The former Take That singer, who left his bandmates for the first time 20 years ago this week, before embarking on a phenomenal solo career that has seen him sell nearly 20 million albums, also revealed that he has been concentrating much more on creating a great set list for different venues around the world, after one of his most popular hits - Candy, which had become his second-biggest single in the UK, behind epic ‘Angels - went down like a damp squib in Perth, Western Australia.

He remembers of the performance of the track: “It fell like a sh** flan against the wall and plopped on the floor… it was confusing and destabilising.”
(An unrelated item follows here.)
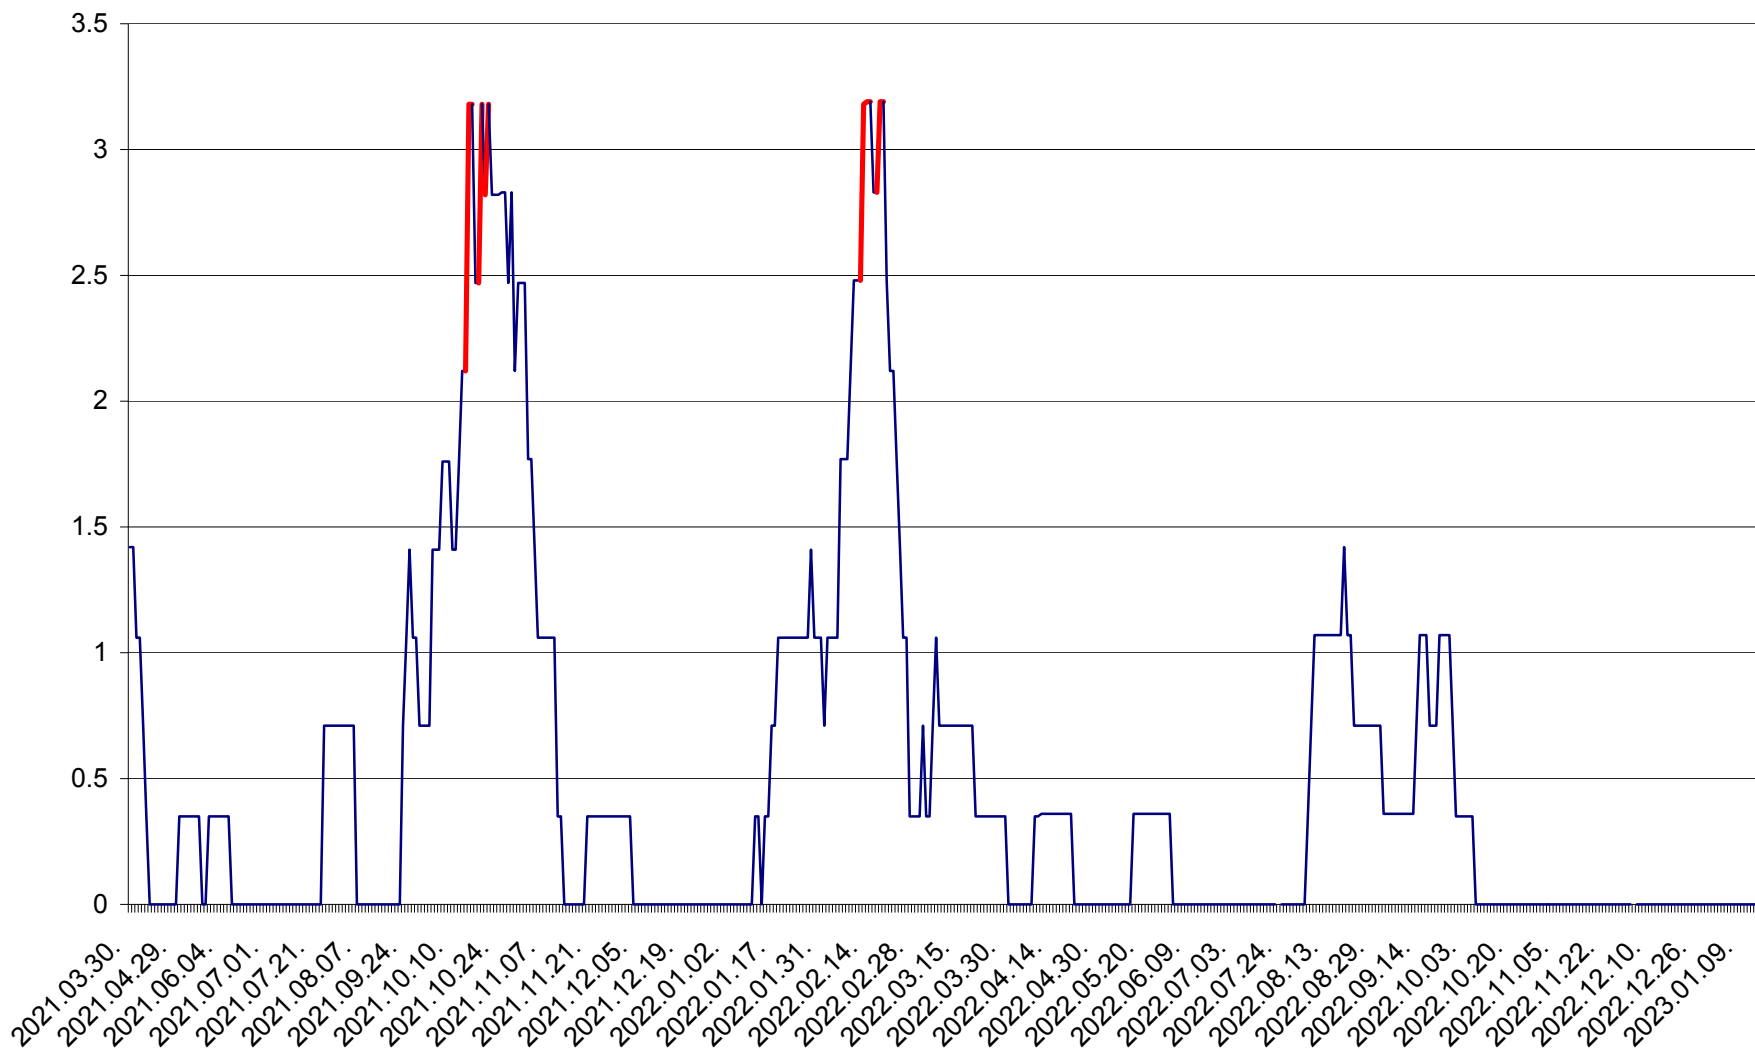

PORUMBENI - Evolutia incidentei cumulate pe 14 zile la ‰ de locuitori
2021.04.01. - 2023.01.13.

“That night I went back to the hotel and Wiki’d it and went, ‘Oh sh**, Candy made number 59 in Australia, well f*** you!’"

Now Robbie makes sure that his set list is full of all the hits his crowds want to hear….

"I go to gigs, I know what I want as a punter,” Williams says. “I’ve sat at internationally famous people’s shows and they’ve done five songs in a row I don’t know and I’m bored and I want to go home.

“These big festivals, like Glastonbury, what people really want to hear, as much as they think they’re serious music heads, are hits they’ve heard on the radio. That’s what I want when I go to a show so that’s what I want to give people. I wish it was different, I’d love to play b-sides and things off (his fan club album) Under the Radar, but I’m in charge of tens of thousands of people’s enjoyment and energy.

“Unfortunately I can’t afford to be indulgent like that. It’s scary being up there in front of thousands of people and conducting their energy anyway. It’s scary when you’ve got all your best weapons in place. It’s f---ing terrifying when you throw something at them and the room goes cold. I play the hits because it’s good for my health.”